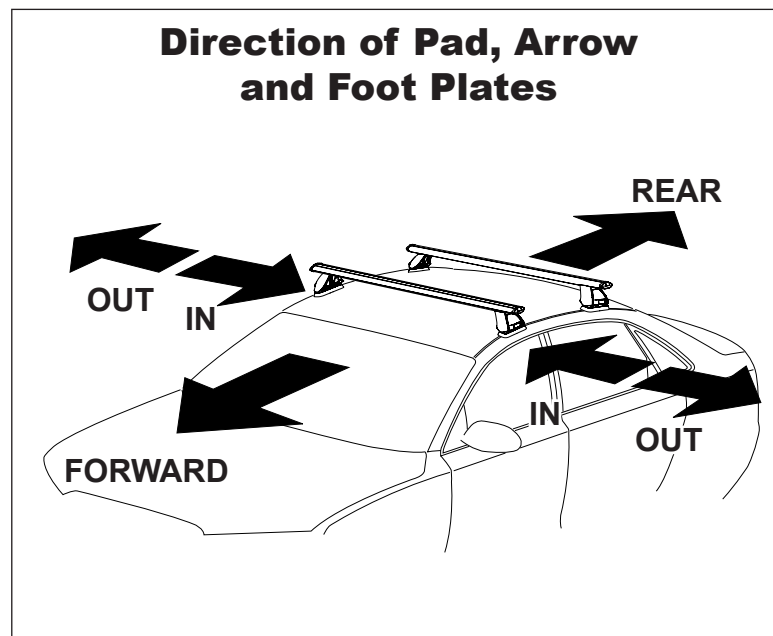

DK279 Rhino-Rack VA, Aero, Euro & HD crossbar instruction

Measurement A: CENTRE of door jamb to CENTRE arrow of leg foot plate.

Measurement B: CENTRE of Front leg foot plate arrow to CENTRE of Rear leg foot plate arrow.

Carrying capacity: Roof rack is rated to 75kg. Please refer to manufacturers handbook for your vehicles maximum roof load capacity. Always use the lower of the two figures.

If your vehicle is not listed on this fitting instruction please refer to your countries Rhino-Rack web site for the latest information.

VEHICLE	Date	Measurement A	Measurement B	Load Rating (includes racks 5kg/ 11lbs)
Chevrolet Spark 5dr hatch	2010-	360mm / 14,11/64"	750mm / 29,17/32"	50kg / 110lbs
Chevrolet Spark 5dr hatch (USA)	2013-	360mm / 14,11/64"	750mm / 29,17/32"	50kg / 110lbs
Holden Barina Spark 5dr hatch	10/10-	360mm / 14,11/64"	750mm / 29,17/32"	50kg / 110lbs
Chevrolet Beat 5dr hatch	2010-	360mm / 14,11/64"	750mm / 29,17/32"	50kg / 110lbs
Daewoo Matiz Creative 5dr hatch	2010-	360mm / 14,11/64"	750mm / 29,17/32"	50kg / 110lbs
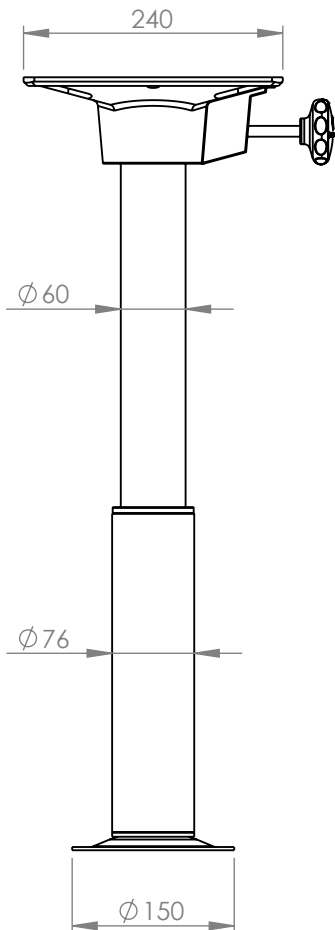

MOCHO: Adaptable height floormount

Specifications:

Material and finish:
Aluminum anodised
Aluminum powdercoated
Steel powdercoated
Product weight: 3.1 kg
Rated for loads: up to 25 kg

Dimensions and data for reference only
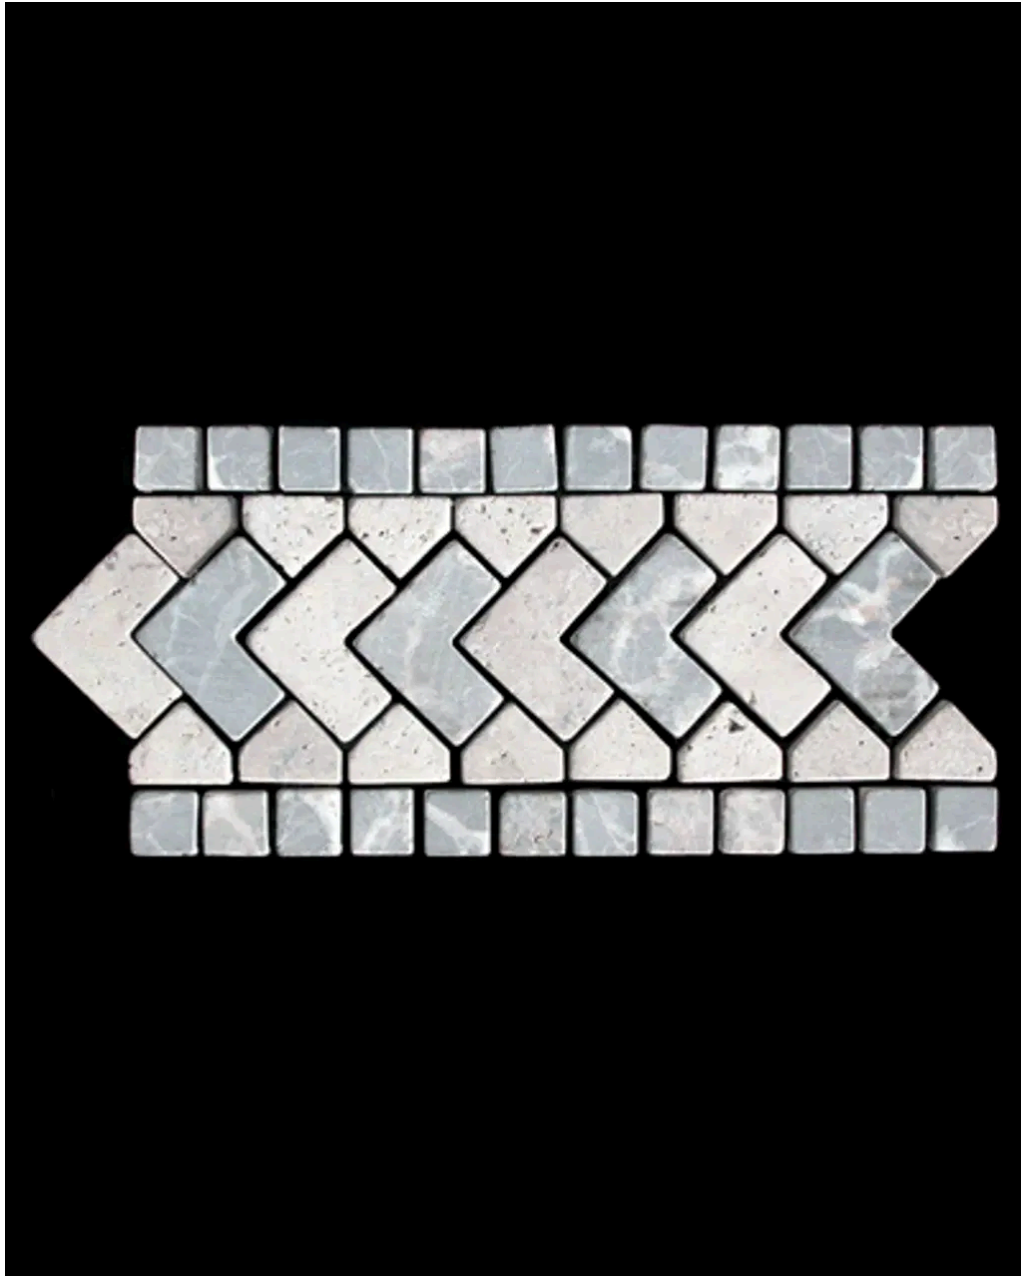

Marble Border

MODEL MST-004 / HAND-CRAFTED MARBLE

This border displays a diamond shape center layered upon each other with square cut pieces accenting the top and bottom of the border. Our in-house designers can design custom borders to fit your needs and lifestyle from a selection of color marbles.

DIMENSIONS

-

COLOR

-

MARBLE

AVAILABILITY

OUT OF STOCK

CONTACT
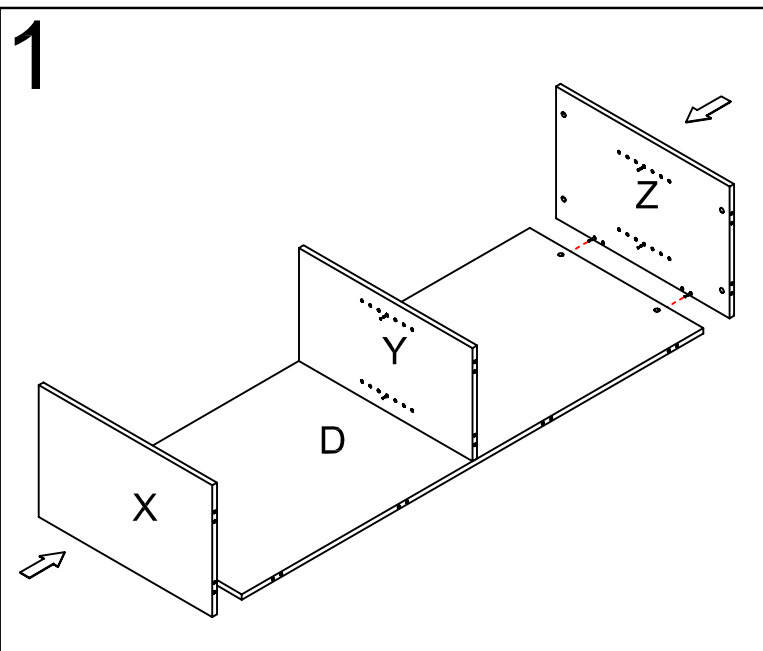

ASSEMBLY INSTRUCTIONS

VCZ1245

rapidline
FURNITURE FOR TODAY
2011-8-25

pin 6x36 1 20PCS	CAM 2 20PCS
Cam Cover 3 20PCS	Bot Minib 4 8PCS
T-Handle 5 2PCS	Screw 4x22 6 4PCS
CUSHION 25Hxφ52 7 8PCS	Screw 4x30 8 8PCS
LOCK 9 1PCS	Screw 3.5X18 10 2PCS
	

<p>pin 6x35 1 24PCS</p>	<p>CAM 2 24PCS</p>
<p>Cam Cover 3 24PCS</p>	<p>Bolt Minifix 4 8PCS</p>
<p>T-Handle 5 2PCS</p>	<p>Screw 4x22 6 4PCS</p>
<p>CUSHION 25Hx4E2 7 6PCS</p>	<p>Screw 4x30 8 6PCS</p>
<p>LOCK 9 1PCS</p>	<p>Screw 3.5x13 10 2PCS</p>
---
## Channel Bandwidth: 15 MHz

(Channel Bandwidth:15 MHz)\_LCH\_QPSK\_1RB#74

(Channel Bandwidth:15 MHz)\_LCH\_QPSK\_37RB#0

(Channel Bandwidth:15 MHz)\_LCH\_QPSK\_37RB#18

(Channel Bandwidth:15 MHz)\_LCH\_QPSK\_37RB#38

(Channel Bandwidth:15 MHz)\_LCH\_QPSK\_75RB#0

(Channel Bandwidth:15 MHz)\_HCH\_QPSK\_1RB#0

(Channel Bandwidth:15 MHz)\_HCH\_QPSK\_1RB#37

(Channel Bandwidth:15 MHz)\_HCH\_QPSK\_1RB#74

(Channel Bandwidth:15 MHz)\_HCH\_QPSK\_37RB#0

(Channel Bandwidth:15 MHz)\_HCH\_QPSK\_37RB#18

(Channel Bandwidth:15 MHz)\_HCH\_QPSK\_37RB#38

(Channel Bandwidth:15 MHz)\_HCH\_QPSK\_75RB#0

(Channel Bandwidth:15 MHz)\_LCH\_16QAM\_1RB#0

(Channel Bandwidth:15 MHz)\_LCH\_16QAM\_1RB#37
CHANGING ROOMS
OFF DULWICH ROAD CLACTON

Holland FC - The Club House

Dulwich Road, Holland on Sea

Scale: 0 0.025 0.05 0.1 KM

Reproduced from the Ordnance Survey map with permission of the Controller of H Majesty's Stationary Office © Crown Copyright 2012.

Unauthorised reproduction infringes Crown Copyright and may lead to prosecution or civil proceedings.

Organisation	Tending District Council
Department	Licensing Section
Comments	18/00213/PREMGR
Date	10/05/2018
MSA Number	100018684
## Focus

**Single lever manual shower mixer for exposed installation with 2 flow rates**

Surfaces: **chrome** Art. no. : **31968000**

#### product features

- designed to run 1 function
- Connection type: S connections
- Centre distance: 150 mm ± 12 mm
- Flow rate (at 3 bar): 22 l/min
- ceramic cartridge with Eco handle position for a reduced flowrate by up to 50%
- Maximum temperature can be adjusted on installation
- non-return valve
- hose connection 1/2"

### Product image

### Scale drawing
* * *
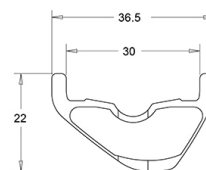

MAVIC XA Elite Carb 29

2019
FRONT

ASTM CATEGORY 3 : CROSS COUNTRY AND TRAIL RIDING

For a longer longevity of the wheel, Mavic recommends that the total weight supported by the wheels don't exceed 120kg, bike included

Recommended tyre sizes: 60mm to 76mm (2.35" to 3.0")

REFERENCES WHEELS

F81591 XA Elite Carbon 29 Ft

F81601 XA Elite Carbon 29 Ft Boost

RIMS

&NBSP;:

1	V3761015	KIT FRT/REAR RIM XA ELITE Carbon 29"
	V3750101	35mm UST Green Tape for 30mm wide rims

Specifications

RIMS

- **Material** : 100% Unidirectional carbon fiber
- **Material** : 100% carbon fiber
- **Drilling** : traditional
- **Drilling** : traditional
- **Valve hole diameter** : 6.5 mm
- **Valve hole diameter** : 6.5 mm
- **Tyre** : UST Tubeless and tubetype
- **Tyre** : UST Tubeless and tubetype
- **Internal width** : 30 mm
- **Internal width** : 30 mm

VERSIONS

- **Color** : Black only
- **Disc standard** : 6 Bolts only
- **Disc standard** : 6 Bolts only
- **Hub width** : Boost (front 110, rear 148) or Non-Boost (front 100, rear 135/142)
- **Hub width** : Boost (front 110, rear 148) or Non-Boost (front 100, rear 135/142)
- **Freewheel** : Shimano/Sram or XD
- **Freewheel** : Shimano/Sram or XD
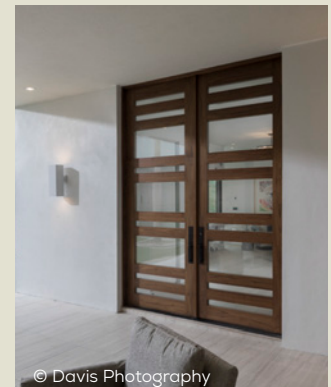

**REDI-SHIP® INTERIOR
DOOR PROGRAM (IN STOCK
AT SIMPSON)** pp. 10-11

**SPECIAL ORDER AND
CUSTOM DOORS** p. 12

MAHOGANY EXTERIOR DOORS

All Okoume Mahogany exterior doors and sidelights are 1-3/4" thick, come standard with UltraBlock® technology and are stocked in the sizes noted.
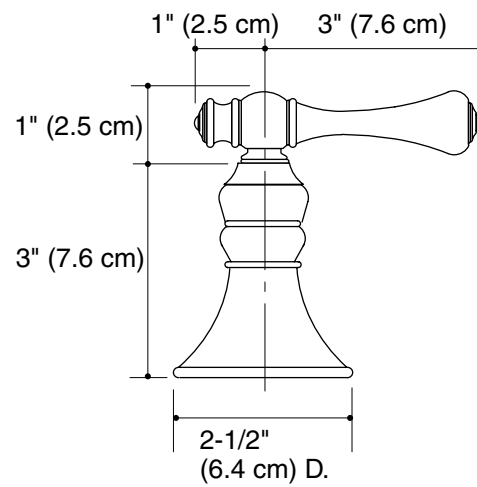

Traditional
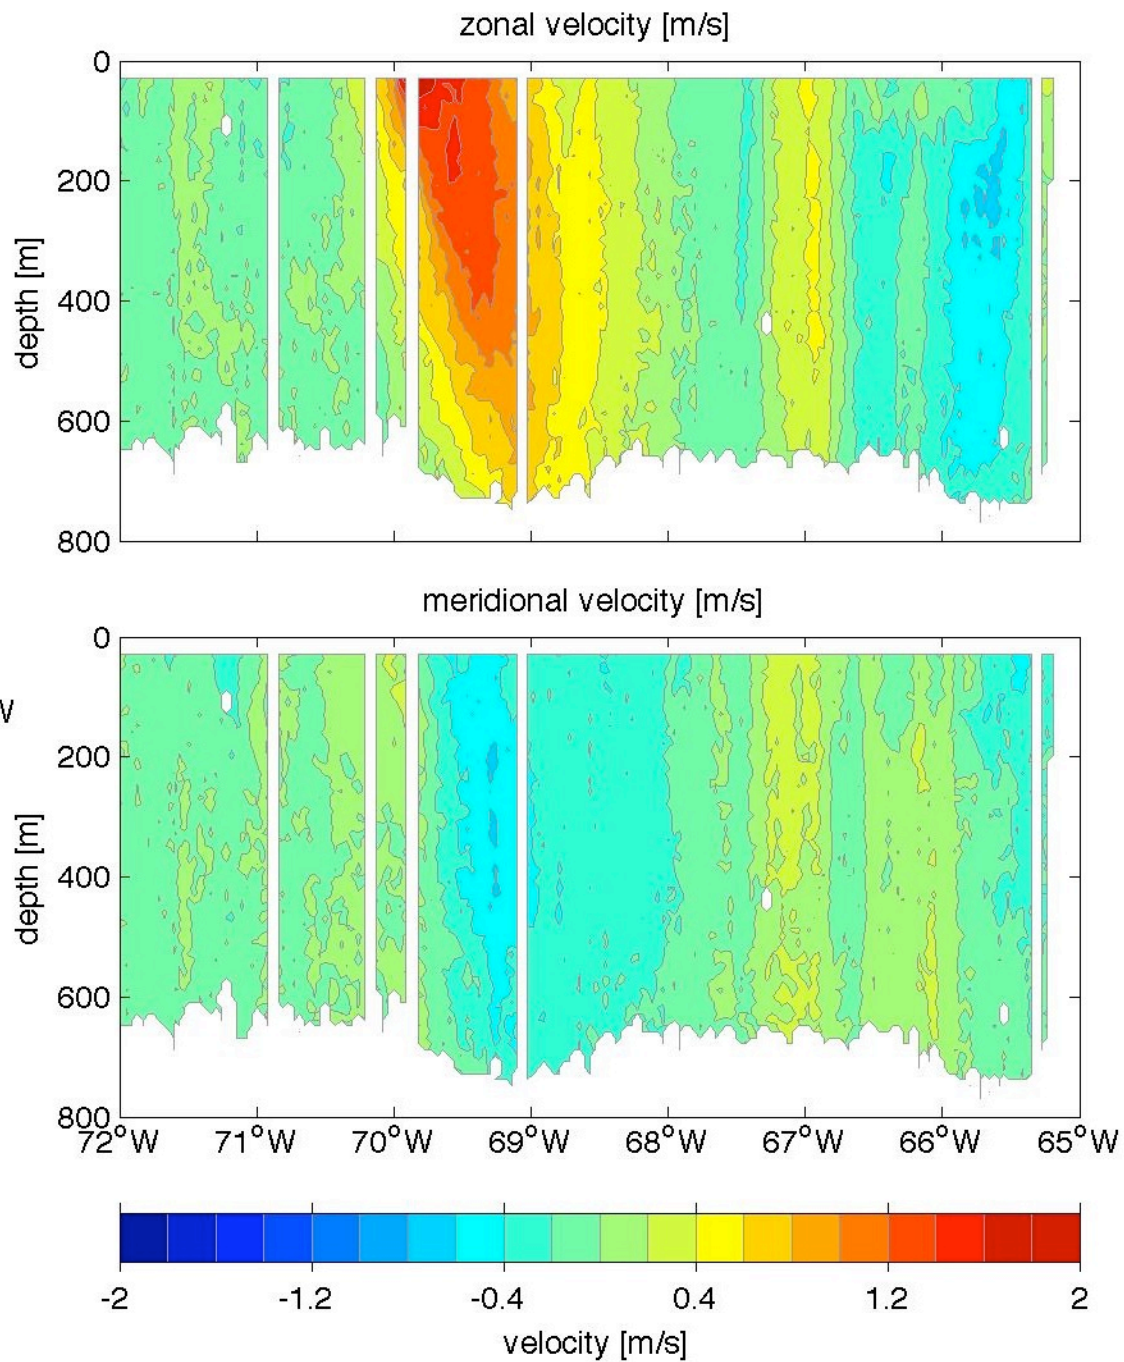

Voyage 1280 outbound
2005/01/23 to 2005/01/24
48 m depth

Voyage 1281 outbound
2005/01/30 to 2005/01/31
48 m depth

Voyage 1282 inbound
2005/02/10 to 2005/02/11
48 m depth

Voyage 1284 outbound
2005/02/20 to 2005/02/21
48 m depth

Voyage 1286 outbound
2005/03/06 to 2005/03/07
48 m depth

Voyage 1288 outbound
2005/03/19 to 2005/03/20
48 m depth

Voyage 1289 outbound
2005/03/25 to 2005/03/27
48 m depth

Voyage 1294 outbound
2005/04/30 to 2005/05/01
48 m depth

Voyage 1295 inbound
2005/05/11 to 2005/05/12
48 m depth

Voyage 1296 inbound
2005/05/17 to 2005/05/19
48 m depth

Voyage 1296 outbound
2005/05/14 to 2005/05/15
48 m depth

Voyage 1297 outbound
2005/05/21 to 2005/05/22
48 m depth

Task description: Where a line of the listing includes the word "Copyright", add it to the tally, and give the final number and nothing more.

Answer to the exercise: 2